The mechanical advantage is the amount of force a given effort can produce. It can be expressed as a ratio of the resistive force to the MF, or as a ratio of the MFA to the RFA ( Kreighbaum and Barthels 1985). Both of the equations produce the same result.

The Tyrannosaurus forelimb is found to have a mechanical advantage of the 0.09 (RFA measurement including the hand) and 0.18 (RFA measurement excluding the hand). The mechanical advantage of a human forearm is 0.07 (RFA measurement including the hand) and 0.13 (RFA measurement excluding the hand).

Next we evaluate the force at the elbow joint. The sum of the MFs (NWR + MWR) at the radius (138.3 kg) and the ulna (217.5 kg) minus the RF at the manus (33.5 kg) must equal the force at the elbow for a static configuration. Therefore, Tyrannosaurus has a force of 138.3 + 217.5 - 33.5 = 322.3 kg at the elbow joint for the NWR. This compares with a force of about 128.25 kg at the elbow joint of an average adult male human for the NWR.

Acceleration

From the torque ot the Forearm, the force that could be applied at the manus and the resultant Force at the elbow joint were determined. We now estimate the acceleration that could be generated at the claws using the moment of inertia. The fleshed-out version ot the arm of Tyrannosaurus ( Figs. 10.15- 10.17 View Fig. 10.15 View Fig. 10.16 View Fig. 10.17 was converted to a closely packed series of elliptical cylinders. The cross sections of each elliptical cylinder were determined from Figure 10.15 View Fig. 10.15 . Assuming a density of 1000 kg/m2 for tissue, the data from these cylinders result in a mass of 1.8 kg for the forearm plus manus. The integral of the density times the perpendicular distance to the pivot point results in a moment of inertia of 0.06 kg m2. Because the NWR torque of the forearm and hand to be 118.3 Nm, the angular acceleration (torque divided by the moment of inertia) is 1983 s-2. The angular acceleration can be converted to a linear acceleration by multiplying it by the distance (0.354 m) from the pivot point to the claws, which results in a linear acceleration of 702 ms-2. This is likely an overestimate because the skin and the claw sheath are not factored in. Also, this only gives the initial acceleration. The force from muscles is known to rapidly reduce at high speeds ( Hill 1938).

Conclusions

As we have shown, the forearm of Tyrannosaurus was capable of resisting large forces and moving at high accelerations. These results strengthen the hypothesis that the forelimbs were used during predation. However, because of the small size of the forelimb relative to the body size, it is unlikely that the Tyrannosaurus would use the manus for striking prey, as discussed in Carpenter (2002). Rather, the forelimbs may have been used to cling to prey. Our results of finding large forces at the elbow joint and possible signs of injury at the furcula further support this hypothesis.

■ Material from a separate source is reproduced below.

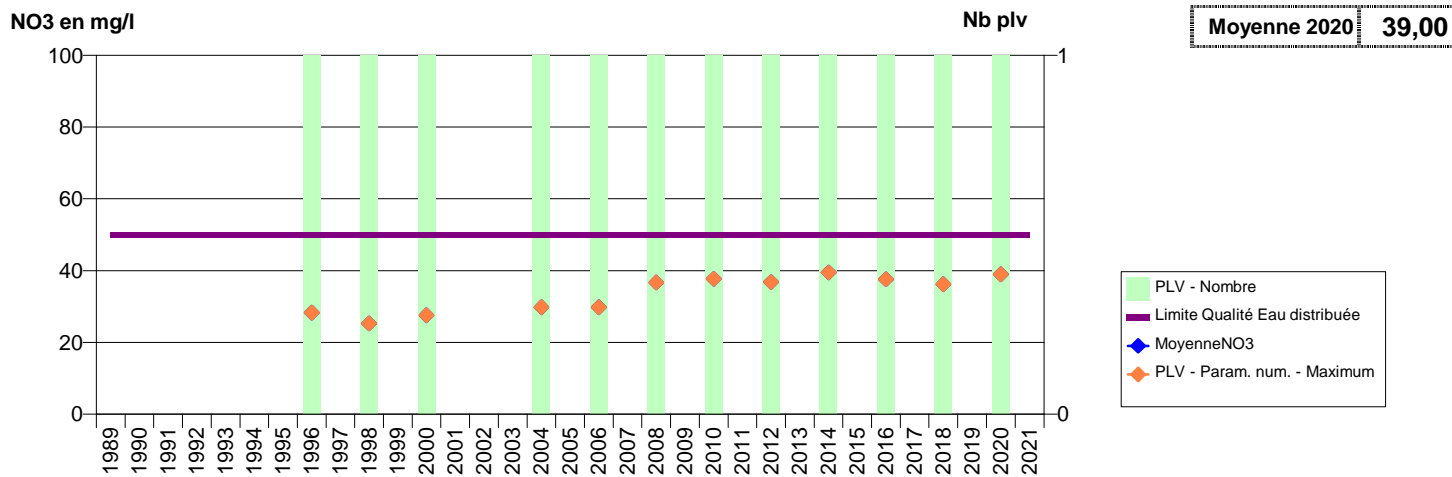

027 -NEAUFLES-AUVERGNY- 000200-01795X0024- REGION RISLOISE ET RUGLOISE -LES MOLLENTS (1000)

Finally, in contrast to the belief of Lockley et al. (this volume) that “no useful function is plausible” to explain the forelimb of Tyrannosaurus , our results support the previous assertion that the forelimb played a functional role in predation. By implication, the short forelimbs of other tyrannosaurids had a similar function. In support of this, we note that a progressive reduction in the forelimb does not occur in the Tyrannosauridae ( Fig. 10.18 View Fig. 10.18 ), contrary to Paul (1988) and Lockley et al. (this volume). In point of fact, once the shortened forelimb of the tyrannosaurids was established, it remained proportionally stable relative to hindlimb length.